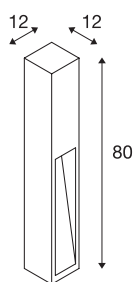

## RUSTY SLOT 80

lampada da terra, Outdoor TC-DSE, IP44, ferro arrugginito, L/La/H 12/12/80 cm, max. 11W

Le lampade da terra ad emissione indiretta della serie RUSTY SLOT convincono grazie al loro particolarissimo look effetto ruggine che viene ottenuto con uno speciale trattamento chimico dell'acciaio FeCSi utilizzato. La lampada diventa così un pezzo unico, che rende esclusiva qualsiasi ambientazione. La lampada è adatta anche per l'uso esterno grazie al grado di protezione IP44. Come optional sono disponibili un picchetto e una scatola da incasso per un collegamento elettrico sicuro nello stelo quadrato. Le due versioni disponibili si collegano alla rete elettrica da 230V.

## DATI TECNICI

Articolo	229411
Attacco	E27
Numero di attacchi	1
Codice IP	IP 44
Montaggio	Superficie
Dettagli di montaggio	Pavimento
Tensione nominale primaria	220-240V ~50/60Hz
Classe isolamento	II
Wattaggio	11 W
Colore	ruggine
Distribuzione dell'intensità luminosa	asimmetrico
Emissione	diretto
Lunghezza	12 cm
Larghezza	12 cm
Altezza	80 cm
Peso netto	15.821 kg
Peso lordo	16.434 kg
BIG WHITE pagina	641

## Accessori

231230	PICCHETTO , per lampade da terra GRAFIT, RUSTY SLOT, LOGS, acciaio galvanizzato, lunghezza 48 cm
228730	SCATOLA DI COLLEGAMENTO , 3 poli, IP68
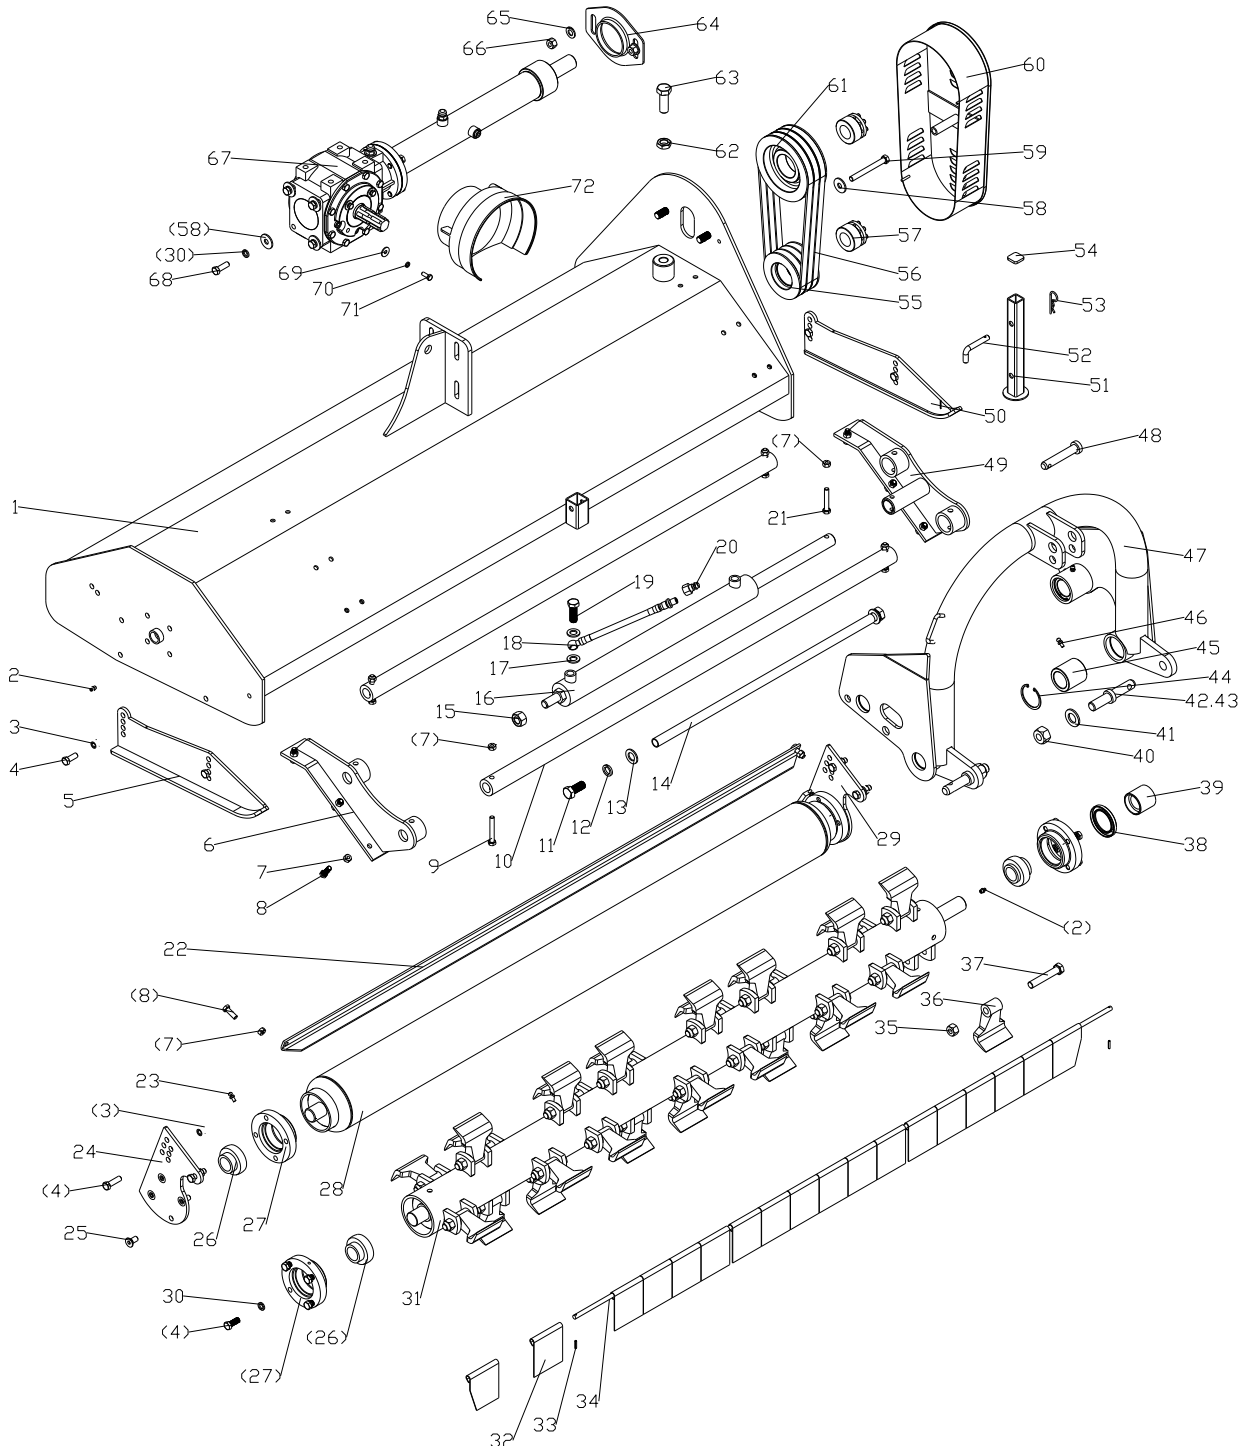

Reservedelskatalog

Varenr.: 9044852

Slagleklipper 205 cm. sideforskydelig

Fig 1 Hovedmaskine

Pos.	Varenummer	Tekst	Antal
1	9050800	HOVEDDRAMME/HUS	1
5	9045074	SLÆBESKO, HØJRE	1
6	9045075	BESLAG FOR GLIDER, HØJRE	1
10	9045076	GLIDERØR	2
14	9045077	STØTTERØR	1
16	9045078	HYDRAULIKCYLINDER FOR SIDEFORSKYDNING	1
16.1	9045079	REPSÆT FOR HYDRAULIKCYLINDER	1
17	9045080	PAKNINGSRING Ø16	4
18	9045081	HYDRAULIKSLANGE	2
19	9045082	BANJOBOLT M16x1,5	2
22	9045083	AFSTRYGGER	1
24	9045084	BESLAG HØJRE	1
25	9045085	UMBRAKOBOLT M12x25	8
26	9045086	KUGLELEJE	4
27	9045087	LEJEHUS	4
28	9053618	BÆRERULLE	1
29	9045088	BESLAG VENSTRE FOR RULLE	1
31	9047347	HOVEDAKSEL	1
31.1	9047071	HOVEDAKSEL INCL. SLAGLER	1
32	9043082	SIKKERHEDSKÆDE	88
32.1	9046948	AFSTANDSBØSNING	88
34	9050788	HOLDESTANG	1
35	9050217	MØTRIK SELVLÅSENDE	32
36	9045089	SLAGLE, B=90MM Ø16	32
37	9050264	SLAGLEBOLT	32
38	9045090	PAKDÅSE	1
39	9045091	SLIDRING	1
45	9045092	GLIDEBØSNING, NYLON	4
47	9047304	TREPUNKT OPHÆNG	1
49	9045093	BESLAG FOR GLIDERØR, VENSTRE	1
50	9045094	SLÆBESKO, VENSTRE	1
55	9045095	REMSKIVE FOR KNIVAKSEL	1
56	9052845	KILEREM, 17 x 1000 – B39	4
57	9045097	TAPERLOCK Ø35	1
60	9045098	REMSKÆRM	1
61	9045099	REMSKIVE, ØVERSTE	1
72	9045100	PTO-SKÆRM, PLAST	1

Fig. 2 GEARKASSE

Pos.	Varenummer	Tekst	Antal
1	9045101	VINKELGEAR KPL.	1
2	9045102	KILE 10X70MM	1
3	9053080	PAKNING	1
4	9045103	TRÆKMUFFE	1
5	9045105	KILE 10X40MM	1
6	9053081	AKSEL	1
7	9038580	LEJE	1
8	9054800	LÅSERING INDVENDIG	1
9	9045104	PAKDÅSE	1
11	9053083	AKSELRØR	1

FIG. 3 GEARKASSEDELE

Pos.	Varenummer	Tekst	Antal
1	9045104	PAKDÅSE	1
3	9050125	SHIMS 0,7MM IØ35	-
8	9053594	UDGANGSAKSEL	1
10	9050126	SHIMS 1,0MM IØ35	-
12	9050127	SHIMS 0,7MM UØ80	-
14	9045090	PAKDÅSE	1
14.1	9053990	PAKDÅSE 16>	1
16	9050123	BLÆNDPROP 80X10	2
17	9045106	MEDBRINGERPAL	2
18	9045107	BLADFJEDER	2
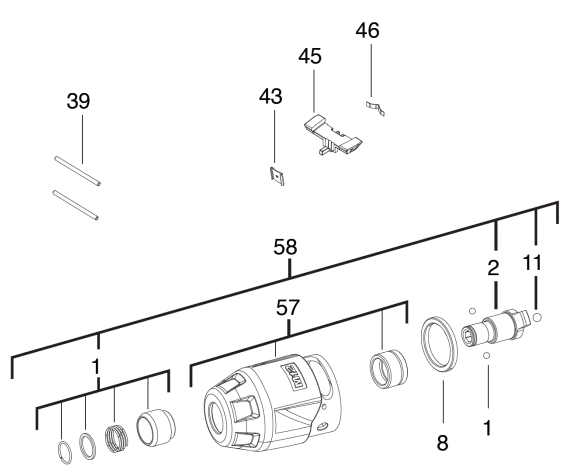

M12BID-0 BATT. IMPACT DRIVER XXX

4933441955 - M12BID-0 - 4000441961

Position	Quantity	Description	Part number	EAN
0001	1	SLEEVE	4931435941	4002395885640
0002	1	ANVIL	4931435942	4002395885657
0008	1	RING	4931435780	4002395867578
0011	1	BALL	670219001	4002395849420
0012	1	RATING PLATE	4931435943	4002395885664
0038	2	PIN	4931435944	4002395885671
0039	2	PIN	4931435945	4002395885688
0043	1	JOINING PART	631542001	4002395822591
0045	1	SLIDING SWITCH	4931441968	4002395179244
0046	1	SPRING PLATE	4931452341	4002395172528
0057	1	GEAR HEAD	4931435947	4002395886302
0058	1	GEAR BOX KIT	4931435948	4002395886319
0059	1	GEAR KIT	4931435949	4002395886326
0060	1	HANDLE SET	4931435950	4002395886333
0061	1	CLAMP	4931435760	4002395866175
0062	1	MOTOR ASSEMBLY	4931435951	4002395886340
0063	1	ELECTRONIC	4931435952	4002395886357
0700	1	CARRYING CASE	4931435953	4002395886364
○ ○ ○ ○
— Problem requirements —
Each entry above must be repeated word for word, minus its images.

— Output for this task —
## RUSTY SLOT 80

lampada da terra, Outdoor TC-DSE, IP44, ferro arrugginito, L/La/H 12/12/80 cm, max. 11W

Le lampade da terra ad emissione indiretta della serie RUSTY SLOT convincono grazie al loro particolarissimo look effetto ruggine che viene ottenuto con uno speciale trattamento chimico dell'acciaio FeCSi utilizzato. La lampada diventa così un pezzo unico, che rende esclusiva qualsiasi ambientazione. La lampada è adatta anche per l'uso esterno grazie al grado di protezione IP44. Come optional sono disponibili un picchetto e una scatola da incasso per un collegamento elettrico sicuro nello stelo quadrato. Le due versioni disponibili si collegano alla rete elettrica da 230V.

## DATI TECNICI

Articolo	229411
Attacco	E27
Numero di attacchi	1
Codice IP	IP 44
Montaggio	Superficie
Dettagli di montaggio	Pavimento
Tensione nominale primaria	220-240V ~50/60Hz
Classe isolamento	II
Wattaggio	11 W
Colore	ruggine
Distribuzione dell'intensità luminosa	asimmetrico
Emissione	diretto
Lunghezza	12 cm
Larghezza	12 cm
Altezza	80 cm
Peso netto	15.821 kg
Peso lordo	16.434 kg
BIG WHITE pagina	641

## Accessori

231230	PICCHETTO , per lampade da terra GRAFIT, RUSTY SLOT, LOGS, acciaio galvanizzato, lunghezza 48 cm
228730	SCATOLA DI COLLEGAMENTO , 3 poli, IP68

Reservedelskatalog

Varenr.: 9044852

Slagleklipper 205 cm. sideforskydelig

Fig 1 Hovedmaskine

Pos.	Varenummer	Tekst	Antal
1	9050800	HOVEDDRAMME/HUS	1
5	9045074	SLÆBESKO, HØJRE	1
6	9045075	BESLAG FOR GLIDER, HØJRE	1
10	9045076	GLIDERØR	2
14	9045077	STØTTERØR	1
16	9045078	HYDRAULIKCYLINDER FOR SIDEFORSKYDNING	1
16.1	9045079	REPSÆT FOR HYDRAULIKCYLINDER	1
17	9045080	PAKNINGSRING Ø16	4
18	9045081	HYDRAULIKSLANGE	2
19	9045082	BANJOBOLT M16x1,5	2
22	9045083	AFSTRYGGER	1
24	9045084	BESLAG HØJRE	1
25	9045085	UMBRAKOBOLT M12x25	8
26	9045086	KUGLELEJE	4
27	9045087	LEJEHUS	4
28	9053618	BÆRERULLE	1
29	9045088	BESLAG VENSTRE FOR RULLE	1
31	9047347	HOVEDAKSEL	1
31.1	9047071	HOVEDAKSEL INCL. SLAGLER	1
32	9043082	SIKKERHEDSKÆDE	88
32.1	9046948	AFSTANDSBØSNING	88
34	9050788	HOLDESTANG	1
35	9050217	MØTRIK SELVLÅSENDE	32
36	9045089	SLAGLE, B=90MM Ø16	32
37	9050264	SLAGLEBOLT	32
38	9045090	PAKDÅSE	1
39	9045091	SLIDRING	1
45	9045092	GLIDEBØSNING, NYLON	4
47	9047304	TREPUNKT OPHÆNG	1
49	9045093	BESLAG FOR GLIDERØR, VENSTRE	1
50	9045094	SLÆBESKO, VENSTRE	1
55	9045095	REMSKIVE FOR KNIVAKSEL	1
56	9052845	KILEREM, 17 x 1000 – B39	4
57	9045097	TAPERLOCK Ø35	1
60	9045098	REMSKÆRM	1
61	9045099	REMSKIVE, ØVERSTE	1
72	9045100	PTO-SKÆRM, PLAST	1

Fig. 2 GEARKASSE

Pos.	Varenummer	Tekst	Antal
1	9045101	VINKELGEAR KPL.	1
2	9045102	KILE 10X70MM	1
3	9053080	PAKNING	1
4	9045103	TRÆKMUFFE	1
5	9045105	KILE 10X40MM	1
6	9053081	AKSEL	1
7	9038580	LEJE	1
8	9054800	LÅSERING INDVENDIG	1
9	9045104	PAKDÅSE	1
11	9053083	AKSELRØR	1

FIG. 3 GEARKASSEDELE

Pos.	Varenummer	Tekst	Antal
1	9045104	PAKDÅSE	1
3	9050125	SHIMS 0,7MM IØ35	-
8	9053594	UDGANGSAKSEL	1
10	9050126	SHIMS 1,0MM IØ35	-
12	9050127	SHIMS 0,7MM UØ80	-
14	9045090	PAKDÅSE	1
14.1	9053990	PAKDÅSE 16>	1
16	9050123	BLÆNDPROP 80X10	2
17	9045106	MEDBRINGERPAL	2
18	9045107	BLADFJEDER	2

M12BID-0 BATT. IMPACT DRIVER XXX

4933441955 - M12BID-0 - 4000441961

Position	Quantity	Description	Part number	EAN
0001	1	SLEEVE	4931435941	4002395885640
0002	1	ANVIL	4931435942	4002395885657
0008	1	RING	4931435780	4002395867578
0011	1	BALL	670219001	4002395849420
0012	1	RATING PLATE	4931435943	4002395885664
0038	2	PIN	4931435944	4002395885671
0039	2	PIN	4931435945	4002395885688
0043	1	JOINING PART	631542001	4002395822591
0045	1	SLIDING SWITCH	4931441968	4002395179244
0046	1	SPRING PLATE	4931452341	4002395172528
0057	1	GEAR HEAD	4931435947	4002395886302
0058	1	GEAR BOX KIT	4931435948	4002395886319
0059	1	GEAR KIT	4931435949	4002395886326
0060	1	HANDLE SET	4931435950	4002395886333
0061	1	CLAMP	4931435760	4002395866175
0062	1	MOTOR ASSEMBLY	4931435951	4002395886340
0063	1	ELECTRONIC	4931435952	4002395886357
0700	1	CARRYING CASE	4931435953	4002395886364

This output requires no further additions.